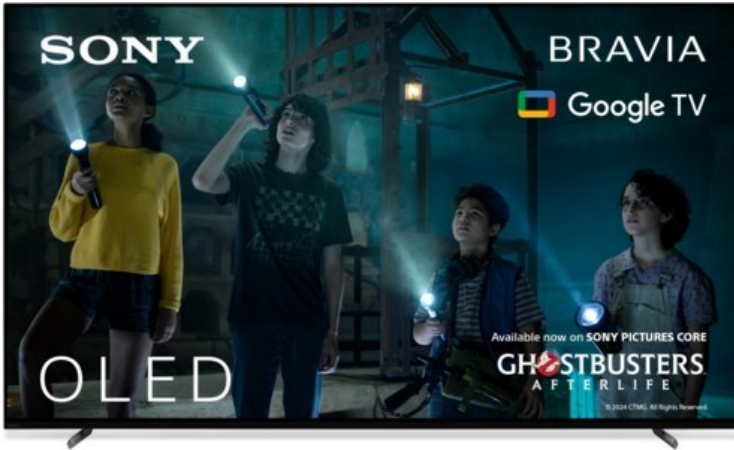

Radio Brubach e.K.

Kompetent. Sympathisch. Nah.

Unsere persönliche Empfehlung für Sie:

Sony XR-55A80L | titanschwarz

Artikelnummer 17937

Produkt-Highlights

- 4K OLED-TV mit XR OLED Contrast Pro Technologie
- Cognitive Processor XR, XR 4K Upscaling, XR Triluminos Pro, XR Clear Image
- Dolby Vision, Netflix Calibrated Mode, IMAX Enhanced, HDR10, HLG
- Google TV mit Google Assistant und Zugang zu Mediatheken, YouTube sowie Google Play (Apps, Spiele, uvm.)
- Streaming Service BRAVIA CORE™ integriert
- VoD Services: u.a. Netflix, Amazon Prime Video, Disney+, Apple TV+, MagentaTV, Joyn, DAZN, Sky Ticket uvm
- Chromecast Built-in, Apple AirPlay/Apple HomeKit, kompatibel mit Amazon Alexa, TV SideView™ App für (Android/iOS)
- Acoustic Surface Audio+ & Dolby Atmos
- Gaming-Menü

Bildeigenschaften

- Auflösung: Ultra HD (4K)
- HDR Wiedergabe

Ausstattung & Technik

- Bildschirmdiagonale: 139 cm
- Bildschirmdiagonale: 55"

- max. Auflösung (Horizontal): 3840
- max. Auflösung (Vertikal): 2160
- WLAN Ausstattung: WLAN integriert
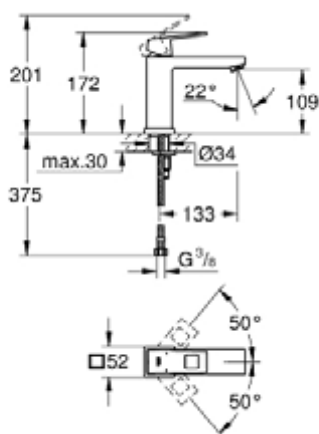

23 446 000 EUROCUBE СМЕСИТЕЛЬ ОДНОРЫЧАЖНЫЙ ДЛЯ РАКОВИНЫ DN 15 M-SIZE

ОПИСАНИЕ ПРОДУКТА

- монтаж на одно отверстие
- металлический рычаг
- **GROHE SilkMove** керамический картридж **28 мм**
- с ограничителем температуры
- **GROHE StarLight** хромированное покрытие поверхности
-
- **GROHE EcoJoy SpeedClean** аэратор с ограничением расхода воды 5,7 л/мин
- **GROHE FastFixation Plus** Система монтажа
- без донного клапана
- гибкая подводка
- минимальное давление 1,0 бар

23 446 000 EUROCUBE СМЕСИТЕЛЬ ОДНОРЫЧАЖНЫЙ ДЛЯ РАКОВИНЫ DN 15 M-SIZE

ЗАПАСНЫЕ ЧАСТИ

- 1: Рычаг (Order-nr. 46786000)
- 2: Крепежное кольцо (Order-nr. 46715000)
- 3: Картридж керамический (Order-nr. 46580000)
- 4: Аэратор (Order-nr. 48159000)
- 5: МОНТАЖНЫЙ НАБОР (Order-nr. 46645000)
- 6: Монтажный ключ (Order-nr. 19017000)*
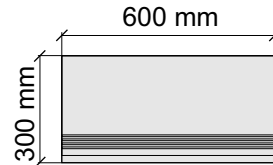

Размер: 30x60 см
Толщина ступени: 10 мм
Материал: Керамогранит
Артикул: GBMysticDa.Kry36_4

SANT'AGOSTINO
MysticDa.60120Kry
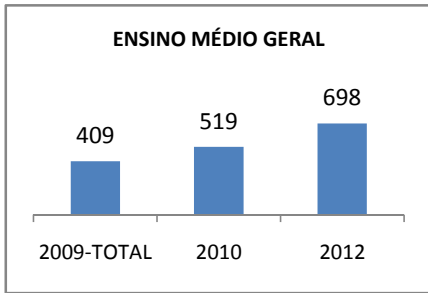

MATRÍCULA ENSINO MÉDIO
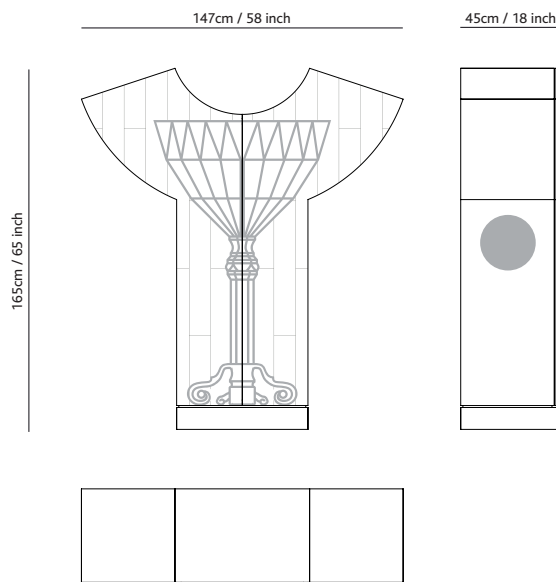

El interior y el zócalo también está chapado con madera de sicomoro. Tanto la parte frontal del interior como el zócalo están barnizados con un color más oscuro.

Las paredes laterales incorporan un vinilo de color rojo colocado encima de la laca.

DIMENSIONES Y PESOS

147x45x165cm (150kg)

EMBALAJE

El producto se envía montado dentro de una caja de madera.

LIMPIEZA Y MANTENIMIENTO

Limpiar con un paño de algodón húmedo con agua.

MEDIDAS EN CM / INCHS

Bd Barcelona design
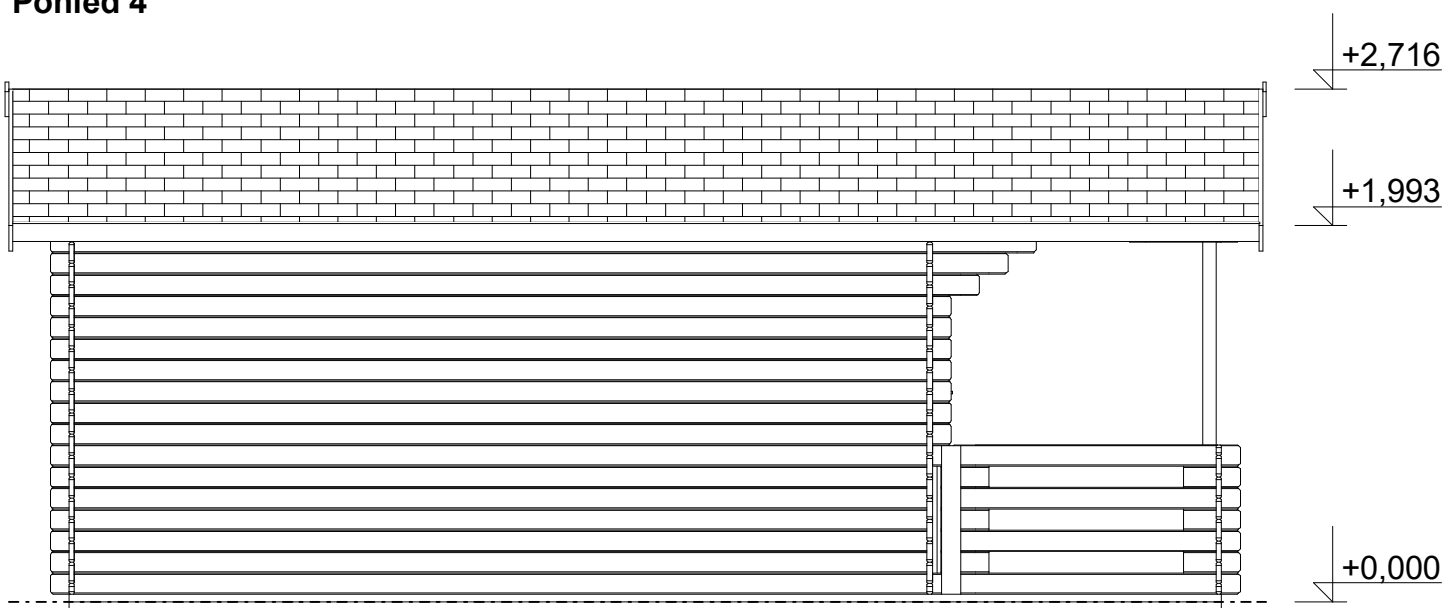

tel/fax: +420 271 750 637, tel.: +420 603 804 264

Pohled 3

Pohled 4

Luka EKO 4,5x4,5/1,7 m
- terasa 4,5x1,5 m

Sklon střechy: 17°

Měřítko: 1:40

Výkres: půdorys základů

DELTA Svatka s.r.o.
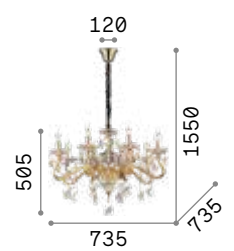

IP20

11,300 Kg / 0,1461 m³
E14 max 8 x 28W

€ 850

141053 Clear
087764 Gold

3000 K
430 lm

101248 € 2,50
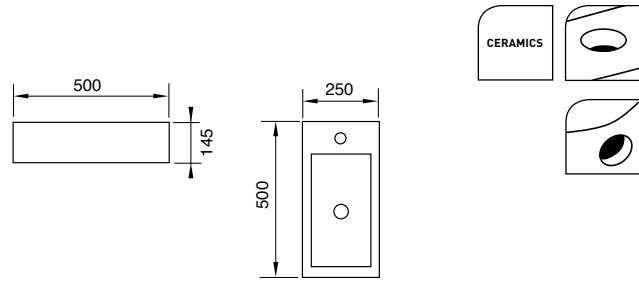

HANDENWASSER RECHTS 250 X 500 MM
LAVE-MAINS DROITE 250 X 500 MM
HANDWASCHBECKEN RECHTS 250 X 500 MM

· · · · · · ·

TASK TO COMPLETE
Write out each entry exactly; any pictures stay out of the copy.

TASK ANSWER
Radio Brubach e.K.

Kompetent. Sympathisch. Nah.

Unsere persönliche Empfehlung für Sie:

Sony XR-55A80L | titanschwarz

Artikelnummer 17937

Produkt-Highlights

- 4K OLED-TV mit XR OLED Contrast Pro Technologie
- Cognitive Processor XR, XR 4K Upscaling, XR Triluminos Pro, XR Clear Image
- Dolby Vision, Netflix Calibrated Mode, IMAX Enhanced, HDR10, HLG
- Google TV mit Google Assistant und Zugang zu Mediatheken, YouTube sowie Google Play (Apps, Spiele, uvm.)
- Streaming Service BRAVIA CORE™ integriert
- VoD Services: u.a. Netflix, Amazon Prime Video, Disney+, Apple TV+, MagentaTV, Joyn, DAZN, Sky Ticket uvm
- Chromecast Built-in, Apple AirPlay/Apple HomeKit, kompatibel mit Amazon Alexa, TV SideView™ App für (Android/iOS)
- Acoustic Surface Audio+ & Dolby Atmos
- Gaming-Menü

Bildeigenschaften

- Auflösung: Ultra HD (4K)
- HDR Wiedergabe

Ausstattung & Technik

- Bildschirmdiagonale: 139 cm
- Bildschirmdiagonale: 55"

- max. Auflösung (Horizontal): 3840
- max. Auflösung (Vertikal): 2160
- WLAN Ausstattung: WLAN integriert

23 446 000 EUROCUBE СМЕСИТЕЛЬ ОДНОРЫЧАЖНЫЙ ДЛЯ РАКОВИНЫ DN 15 M-SIZE

ОПИСАНИЕ ПРОДУКТА

- монтаж на одно отверстие
- металлический рычаг
- **GROHE SilkMove** керамический картридж **28 мм**
- с ограничителем температуры
- **GROHE StarLight** хромированное покрытие поверхности
-
- **GROHE EcoJoy SpeedClean** аэратор с ограничением расхода воды 5,7 л/мин
- **GROHE FastFixation Plus** Система монтажа
- без донного клапана
- гибкая подводка
- минимальное давление 1,0 бар

23 446 000 EUROCUBE СМЕСИТЕЛЬ ОДНОРЫЧАЖНЫЙ ДЛЯ РАКОВИНЫ DN 15 M-SIZE

ЗАПАСНЫЕ ЧАСТИ

- 1: Рычаг (Order-nr. 46786000)
- 2: Крепежное кольцо (Order-nr. 46715000)
- 3: Картридж керамический (Order-nr. 46580000)
- 4: Аэратор (Order-nr. 48159000)
- 5: МОНТАЖНЫЙ НАБОР (Order-nr. 46645000)
- 6: Монтажный ключ (Order-nr. 19017000)*

Размер: 30x60 см
Толщина ступени: 10 мм
Материал: Керамогранит
Артикул: GBMysticDa.Kry36_4

SANT'AGOSTINO
MysticDa.60120Kry

MATRÍCULA ENSINO MÉDIO

El interior y el zócalo también está chapado con madera de sicomoro. Tanto la parte frontal del interior como el zócalo están barnizados con un color más oscuro.

Las paredes laterales incorporan un vinilo de color rojo colocado encima de la laca.

DIMENSIONES Y PESOS

147x45x165cm (150kg)

EMBALAJE

El producto se envía montado dentro de una caja de madera.

LIMPIEZA Y MANTENIMIENTO

Limpiar con un paño de algodón húmedo con agua.

MEDIDAS EN CM / INCHS

Bd Barcelona design

tel/fax: +420 271 750 637, tel.: +420 603 804 264

Pohled 3

Pohled 4

Luka EKO 4,5x4,5/1,7 m
- terasa 4,5x1,5 m

Sklon střechy: 17°

Měřítko: 1:40

Výkres: půdorys základů

DELTA Svatka s.r.o.

IP20

11,300 Kg / 0,1461 m³
E14 max 8 x 28W

€ 850

141053 Clear
087764 Gold

3000 K
430 lm

101248 € 2,50

HANDENWASSER RECHTS 250 X 500 MM
LAVE-MAINS DROITE 250 X 500 MM
HANDWASCHBECKEN RECHTS 250 X 500 MM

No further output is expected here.